#### PROVIDED DATA:
-- Opening Marker --

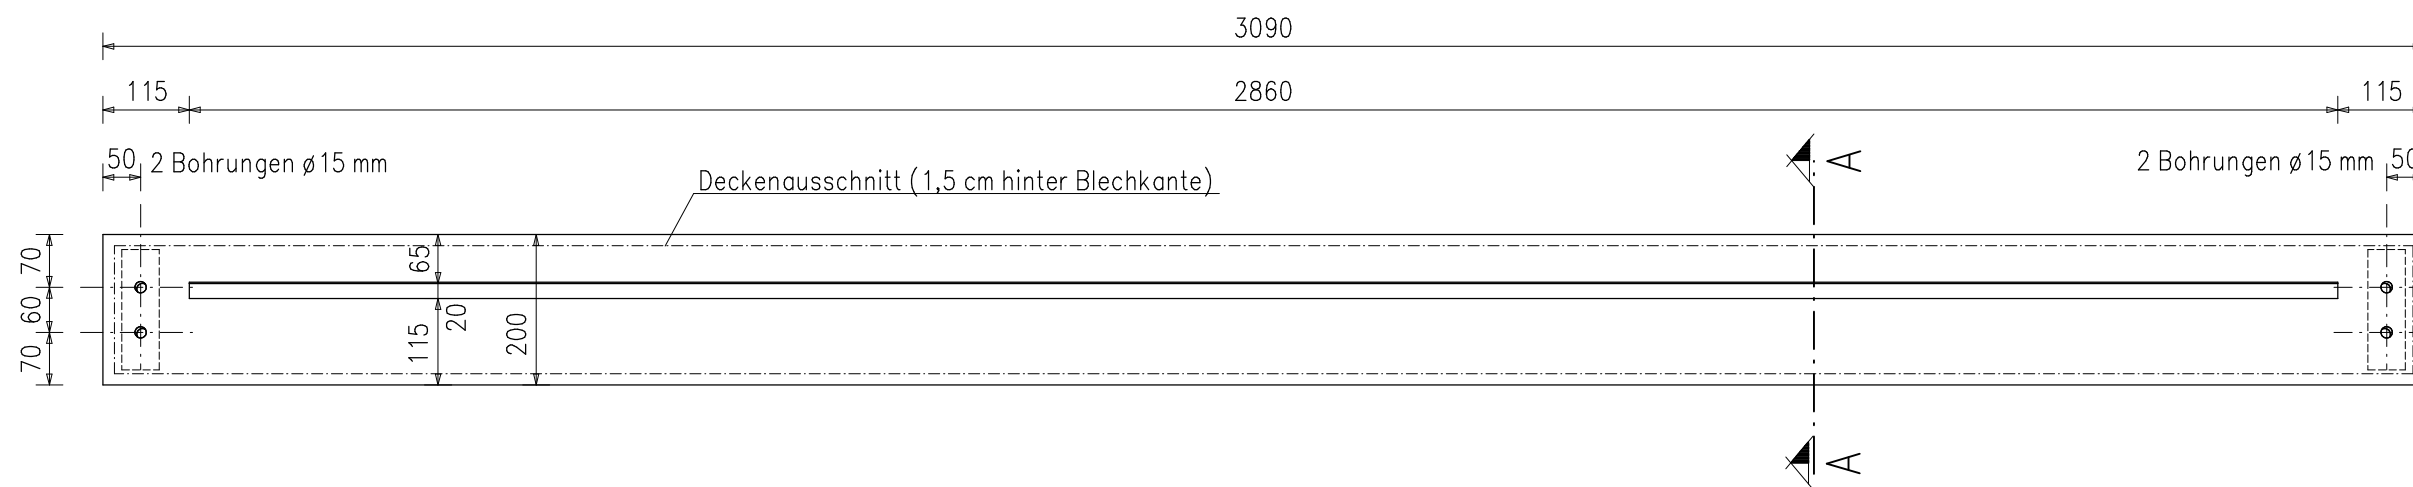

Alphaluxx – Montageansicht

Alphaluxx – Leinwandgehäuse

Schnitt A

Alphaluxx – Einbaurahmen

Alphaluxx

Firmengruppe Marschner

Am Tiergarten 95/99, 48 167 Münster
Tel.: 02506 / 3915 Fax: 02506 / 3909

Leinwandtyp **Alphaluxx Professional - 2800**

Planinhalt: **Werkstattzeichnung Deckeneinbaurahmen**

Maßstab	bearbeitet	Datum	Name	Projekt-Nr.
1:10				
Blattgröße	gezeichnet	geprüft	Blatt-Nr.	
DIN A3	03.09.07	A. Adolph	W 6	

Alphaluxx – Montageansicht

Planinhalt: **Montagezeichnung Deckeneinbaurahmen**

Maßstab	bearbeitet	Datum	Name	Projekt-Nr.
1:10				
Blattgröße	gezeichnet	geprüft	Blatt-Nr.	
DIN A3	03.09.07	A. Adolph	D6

-- Closing Marker --

#### TO DO:
Wherever a picture appears in the records, omit it, and transcribe everything else exactly.

#### RESPONSE BOX:
Alphaluxx – Montageansicht

Alphaluxx – Leinwandgehäuse

Schnitt A

Alphaluxx – Einbaurahmen

Alphaluxx

Firmengruppe Marschner

Am Tiergarten 95/99, 48 167 Münster
Tel.: 02506 / 3915 Fax: 02506 / 3909

Leinwandtyp **Alphaluxx Professional - 2800**

Planinhalt: **Werkstattzeichnung Deckeneinbaurahmen**

Maßstab	bearbeitet	Datum	Name	Projekt-Nr.
1:10				
Blattgröße	gezeichnet	geprüft	Blatt-Nr.	
DIN A3	03.09.07	A. Adolph	W 6	

Alphaluxx – Montageansicht

Planinhalt: **Montagezeichnung Deckeneinbaurahmen**

Maßstab	bearbeitet	Datum	Name	Projekt-Nr.
1:10				
Blattgröße	gezeichnet	geprüft	Blatt-Nr.	
DIN A3	03.09.07	A. Adolph	D6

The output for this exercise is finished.